> SOURCE DATA:
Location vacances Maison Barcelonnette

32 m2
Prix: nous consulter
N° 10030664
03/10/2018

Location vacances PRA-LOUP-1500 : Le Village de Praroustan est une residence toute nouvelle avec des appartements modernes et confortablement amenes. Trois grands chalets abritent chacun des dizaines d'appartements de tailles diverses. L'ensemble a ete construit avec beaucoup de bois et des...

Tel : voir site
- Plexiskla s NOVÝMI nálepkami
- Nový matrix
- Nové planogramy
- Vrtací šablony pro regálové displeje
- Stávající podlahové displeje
* * *
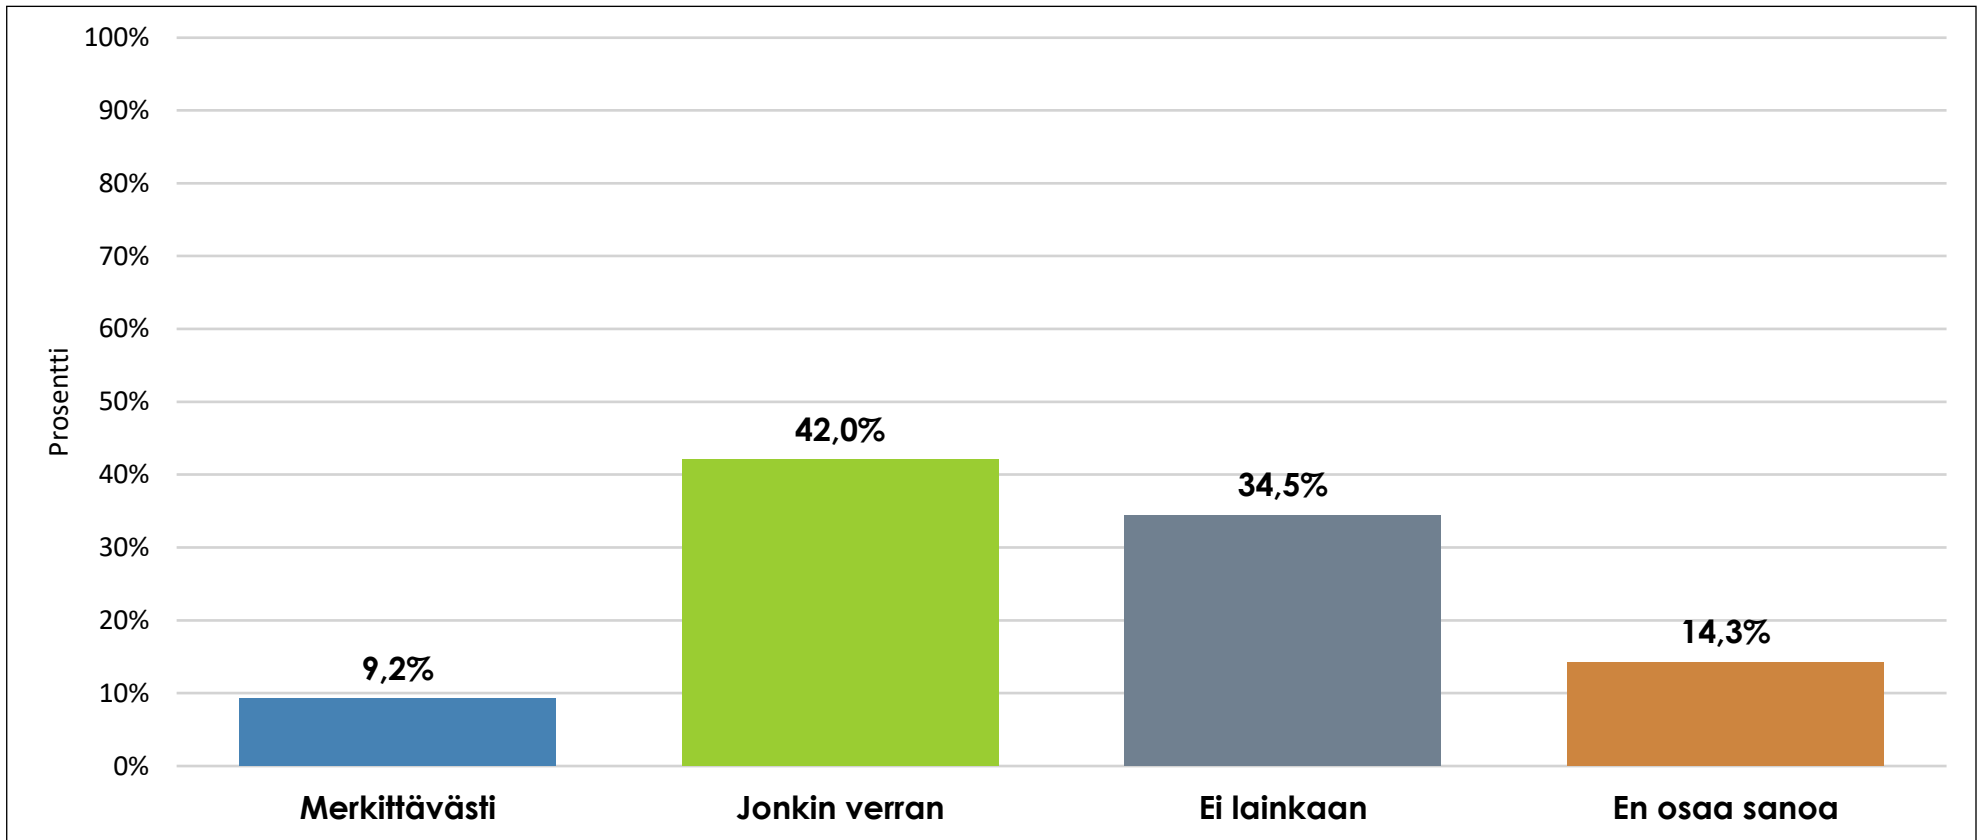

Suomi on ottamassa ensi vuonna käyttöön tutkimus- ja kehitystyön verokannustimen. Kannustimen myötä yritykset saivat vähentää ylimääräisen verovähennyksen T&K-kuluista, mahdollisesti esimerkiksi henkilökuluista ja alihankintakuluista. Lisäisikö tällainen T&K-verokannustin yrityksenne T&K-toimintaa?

> PROBLEM DETAILS: Beginning with the line containing "- Vrtací šablony pro regálové displeje" and ending with the line containing "- Stávající podlahové displeje", extract those lines exactly from the listing above, and only those.

> TASK SOLUTION:
- Vrtací šablony pro regálové displeje
- Stávající podlahové displeje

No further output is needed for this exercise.